GMR Institute of Technology
- Type: Educational institutions
- Established: 1997
- Founder: G.M.Rao
- Location: Rajam, Vizianagaram district, Andhra Pradesh, India 18°27′59″N 83°39′39″E﻿ / ﻿18.46646°N 83.66078°E established = 1997
- Campus: Suburban, 117 acres (0.47 km^{2}) of land;
- Website: gmrit.edu.in

= GMR Institute of Technology =

Institute in Andhra Pradesh, India

GMR Institute of Technology (GMRIT) is an engineering college in India. It is in the Rajam, Vizianagaram district of Andhra Pradesh. It is affiliated to Jawaharlal Nehru Technological University, Kakinada.

== History ==
GMRIT was established in 1997 by the GMR Varalakshmi Foundation — the corporate social responsibility arm of the GMR Group.

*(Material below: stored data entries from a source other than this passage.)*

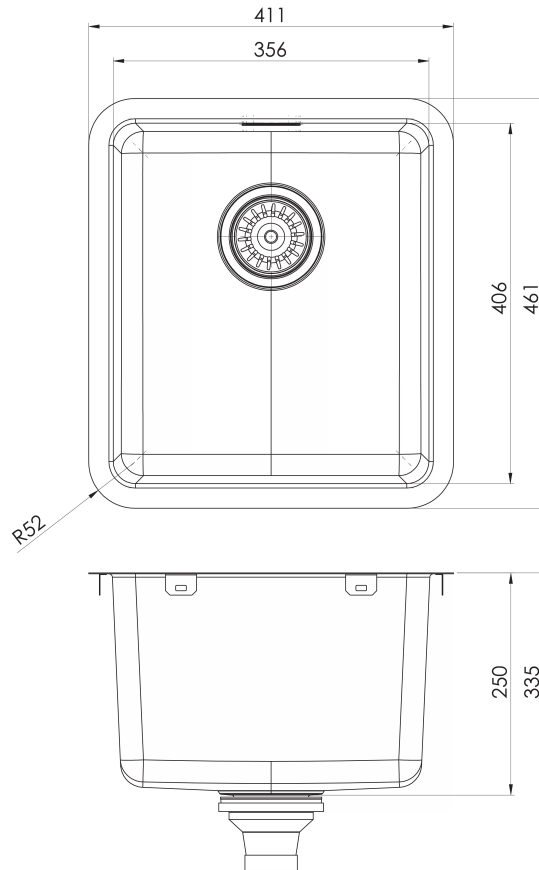

2000 SERIES SINKS

2000 SERIES LAUNDRY SINK WITH OVERFLOW

SPECIFICATIONS

AVAILABLE IN

303-7002-51
Stainless Steel

INFORMATION

MAINTENANCE AND CARE:

- All surfaces should be cleaned with mild liquid detergent or soap and water.
- Do not use cream cleaners or citrus based cleaning products, as they are abrasive.
- Use of unsuitable cleaning agents may damage the surface.
- Any damage caused in this way will not be covered by warranty.

Please visit <https://www.phoenixtapware.com.au/warranty> to view the full warranty

36 Litre Capacity

While we aim to ensure the specifications shown are correct at time of printing, Phoenix Tapware reserves the right to make modifications without prior notice. Always use the physical product measurements for mark-ups and roughing-in as the line drawing shown may differ from the actual product over time. All measurements are shown in millimetres. Colours may vary from image shown.

Ph: +61 3 9780 4200
26/09/2024
phoenixtapware.com.au

Dr. C.L.V.R.S.V. Prasad is principal of GMRIT.

== Departments ==
GMRIT offers a four-year Bachelors in Technology (B.Tech.) programme in eight disciplines. Students are admitted on the basis of merit in EAMCET.

Departments at GMRIT are:
- Civil Engineering
- Computer Science and Engineering
- Computer Science and Engineering(Artificial intelligence & Machine learning)
- Computer Science and Engineering(Artificial intelligence & Data Science)
- Electrical and Electronics Engineering
- Electronics and Communications Engineering
- Information Technology
- Mechanical Engineering

GMRIT offers seven M.Tech. programmes in seven specialized areas of engineering. Students are admitted on the basis of merit scores of GATE/PGCET through common window of counseling for category 'A' seats or category 'B' seats.

M.Tech. program/courses are offered with the following specializations:
- Transportation Engineering
- Computer science & Engineering
- Digital Electronics & Communication Systems
- VLSI Design — Second Shift
- Power and Industrial Drives
- Mechanical — CAD / CAM
- Environmental Engineering

== Rankings ==
The National Institutional Ranking Framework (NIRF) ranked the institute in 201-300 band in the engineering rankings in 2024.